____ Supplied information
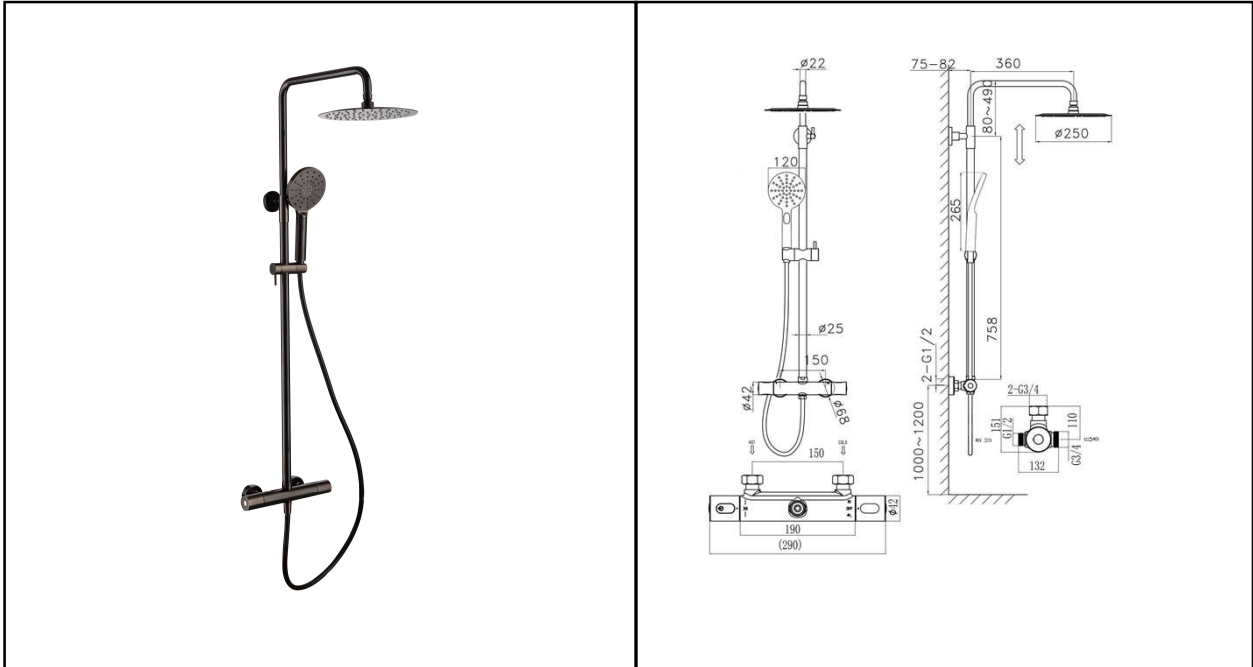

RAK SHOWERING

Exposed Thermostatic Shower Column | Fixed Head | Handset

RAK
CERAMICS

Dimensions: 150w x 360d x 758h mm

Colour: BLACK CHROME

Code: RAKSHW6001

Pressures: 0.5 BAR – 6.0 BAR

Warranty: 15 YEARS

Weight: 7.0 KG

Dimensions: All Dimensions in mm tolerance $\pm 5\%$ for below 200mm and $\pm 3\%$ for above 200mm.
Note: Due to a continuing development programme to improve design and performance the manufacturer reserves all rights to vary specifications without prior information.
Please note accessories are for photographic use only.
________
Work instruction
Above are the records; repeat exactly the lines from the one holding "Colour: BLACK CHROME" down to the one holding "Dimensions: All Dimensions", end lines included.

Finished exercise
Colour: BLACK CHROME

Code: RAKSHW6001

Pressures: 0.5 BAR – 6.0 BAR

Warranty: 15 YEARS

Weight: 7.0 KG

Dimensions: All Dimensions in mm tolerance $\pm 5\%$ for below 200mm and $\pm 3\%$ for above 200mm.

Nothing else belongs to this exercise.